Under fire from opposition politicians and jeered by crowds at a remembrance ceremony on Monday, prime minister Manuel Valls wants lawmakers to back a three-month rollover of the emergency regime imposed after the Bataclan attack last November.
The move comes as the Promenade des Anglais along the seafront of the Riviera city reopened after last week’s attack in which Tunisian Mohamed Lahouaiej Bouhlel ploughed a truck into crowds of Bastille Day revellers, killing 84, before being shot dead.
Two members of the government sounded a conciliatory note ahead of last evening’s parliamentary debate on the matter.

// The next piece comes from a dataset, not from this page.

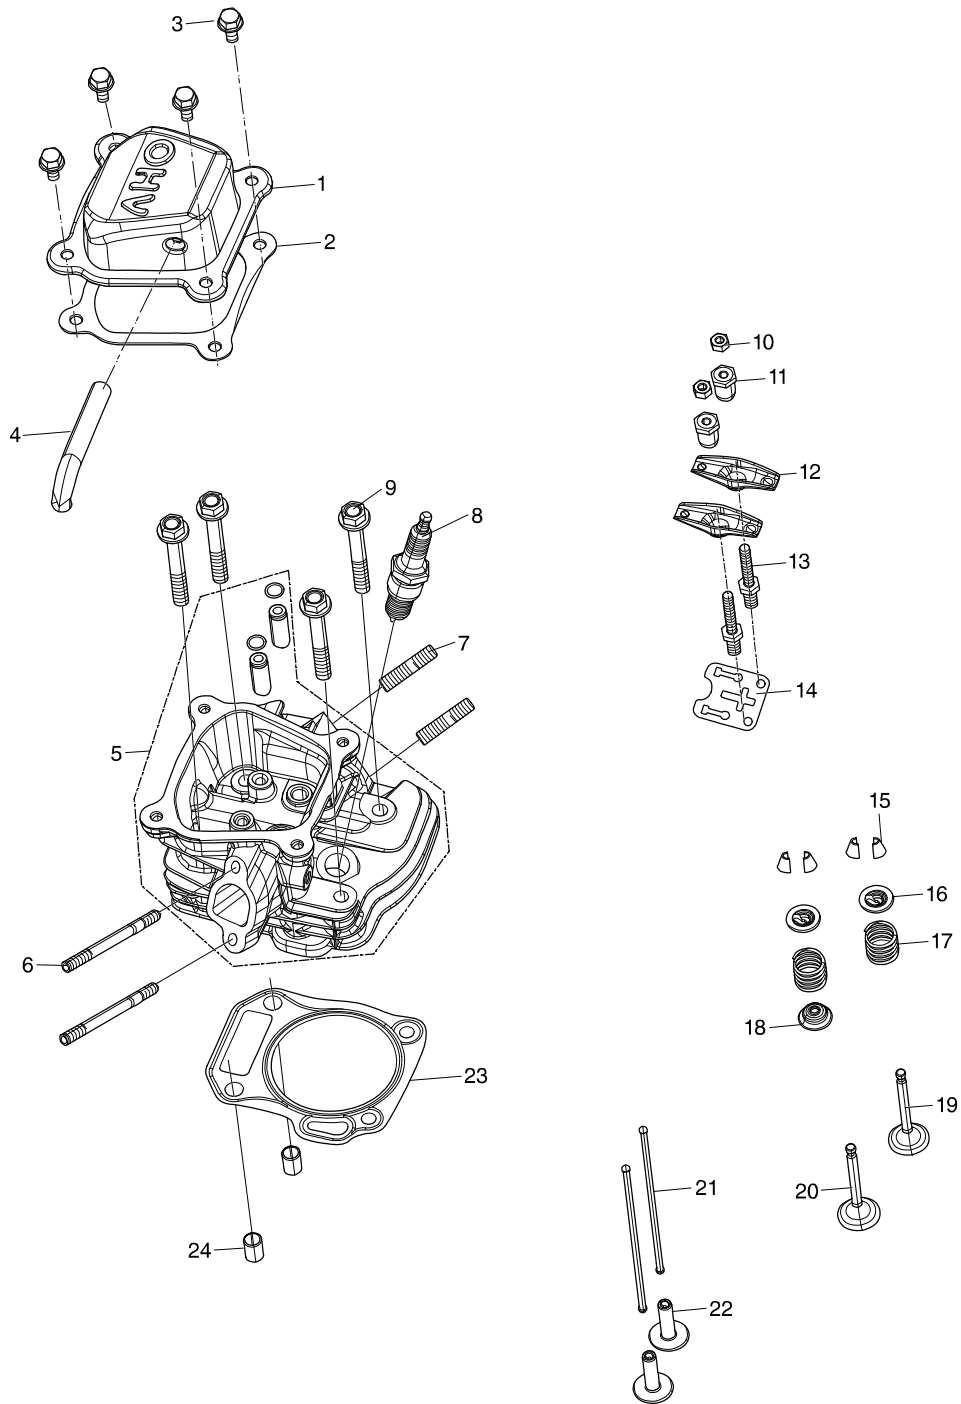

Číslo typu EG2250A PETROL GENERATOR

Justice minister Jean-Jacques Urvoas left the door open to a six-month rollover of emergency rule in line with demands from right-wing politicians, saying the demand was “not incongruous” given that it would encompass the anniversary of the attacks of last November.
Defence minister, Jean-Yves Le Drian, said Mr Valls was ready to take other proposals on board concerning the specific powers emergency rule would comprise.
“This is not just symbolic,” said Mr Le Drian. “We can see from what happened in Germany that the threat is everywhere,” the minister said, alluding to news of yet another attack overnight in Germany in which a man hit train commuters with an axe, seriously injuring four.
The number of French people who believe François Hollande’s government is up to the task of tackling terrorism plummeted to 33% after the attack in Nice, from confidence ratings of 50% or more in the wake of the two other major attacks in early and late 2015.
France imposed emergency rules after the November 13 attacks in which Islamist militants killed 130 people in Paris, giving the police powers to search homes and place people under immediate house arrest without advance clearance from judges.
The Interior Ministry said hundreds of unlicensed weapons were unearthed, helping foil several terror plots. The bill to be debated in parliament last night was also intended to grant police and spy services greater powers to dig into suspects’ computers and mobile phone communications.